Kepalaku semakin pening kekurangan oksigen. Apalagi dalam keadaan merangkak dan menggendong seperti ini. Berkali-kali aku berhenti, mengatur napas. Hingga akhirnya aku mendengar suara aliran sungai. Sudah dekat!
Aku bergegas dengan sisa tenaga yang kupunya. Tak lama kemudian kami berhasil tiba di gua utama. Beberapa langkah kemudian aku limbung, jatuh tersungkur di sungai dangkal itu.
Ibu Siti tersadar. "Di mana ini, Nak? Apa yang terjadi?"
Aku kehabisan nafas dan bingung harus menjawab apa.
"Katakan, apa aku sedang bermimpi?" desak Bu Siti yang juga basah kuyup di sebelahku.
"Tidak, Bu. Pokoknya kita keluar dulu dari sini. Nanti saja ceritanya."
Kembali aku kumpulkan napas dan tenaga untuk mencapai mulut gua. Kami disambut beberapa orang yang berkumpul di sana. Nirmala, Kukuh, Pak Ricky, Bu Nopi dan masih banyak lainnya entah siapa.
Alhamdulillah! Kulihat Nirmala memeluk ibunya ketika Mas Damar, Kukuh dan Pak Ricky memapahku sesaat sebelum aku pingsan.
***
Aku terbangun di kamar hotel. Kudengar beberapa orang sedang berdiskusi sambil melihat hasil foto di kamera mas Kukuh. Mereka sedang berbicara tentang foto-foto yang tertangkap kamera.
Mereka berbicara dalam bahasa Inggris, tak begitu jelas terdengar meskipun pintu kamarku terbuka. Satu suara yang kukenal sepertinya Mas Damar si ahli geologi itu. Sedangkan lawan bicaranya menggunakan aksen Jepang.
Aku mendongak dari tempat tidurku. Hanya tampak bayang-bayang empat orang di balik jendela yang tertutup kelambu.
"Sudah sadar, Pak?" tanya Mas Kukuh mengagetkanku.

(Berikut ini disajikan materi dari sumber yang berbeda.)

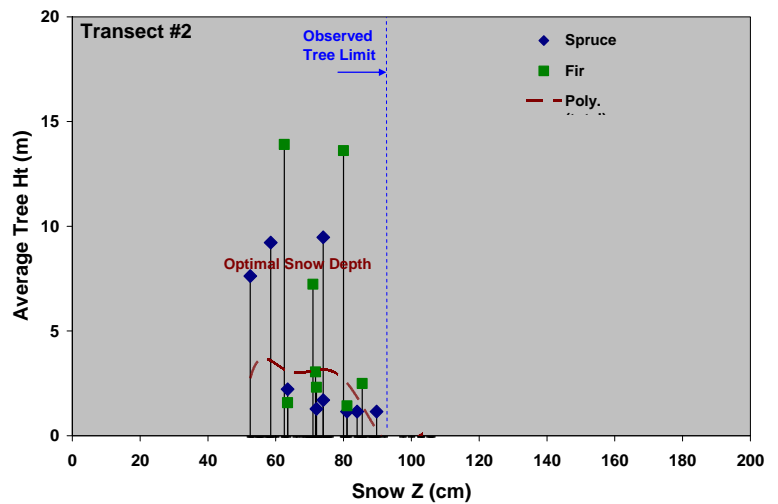

Snow Depth & Tree Height
Transect #1 Profile

Snow Depth & Tree Height
Transect #2 Profile

Tree Height vs. Snow Depth

Tree Height vs. Snow Depth

Tree Diameter vs. Snow Z
DBH as measured from snow surface

Tree Diameter vs. Snow Z
DBH as measured from snow surface

Ternyata dia sedari tadi duduk di samping ranjangku.
"Ah, ngagetin aja kamu. Nirmala dan Bu Siti mana?"
"Sedang sarapan di restoran hotel. Saya baru saja menggantikan Bu Nirmala menunggui Pak Darma."
Tiba-tiba Damar dan teman-temannya memasuki kamar. Satu orang sesuai dugaanku adalah orang Jepang. Dua orang lainnya tampak seperti orang Filipina. Aku cukup heran, sedang apa mereka di sini?
"Pak Dharma, bisakah Bapak ceritakan apa saja yang Bapak lihat dan temukan di dalam gua semalam?" tanya Damar penuh selidik.
Aku terdiam, menatap ketiga temannya. Tampaknya serius sekali. Apa memang geolog seperti ini tipe orang-orangnya?
"Saya kira anda lebih mengerti daripada saya. Ya, begitulah. Gua dengan banyak cabang, stalaktit, stalagmit, sungai dangkal, dinding dan batu-batu kapur besar. Hemm, sepertinya hanya itu saja," jawabku sambil mencoba mengingat semuanya.
"Is there something strange?" [Apa ada sesuatu yang aneh?]
Orang Jepang itu duduk di ranjangku.
"Nope, I'll tell you if I remember anything," jawabku padanya.
[Tidak, saya akan beritahu anda jika saya ingat]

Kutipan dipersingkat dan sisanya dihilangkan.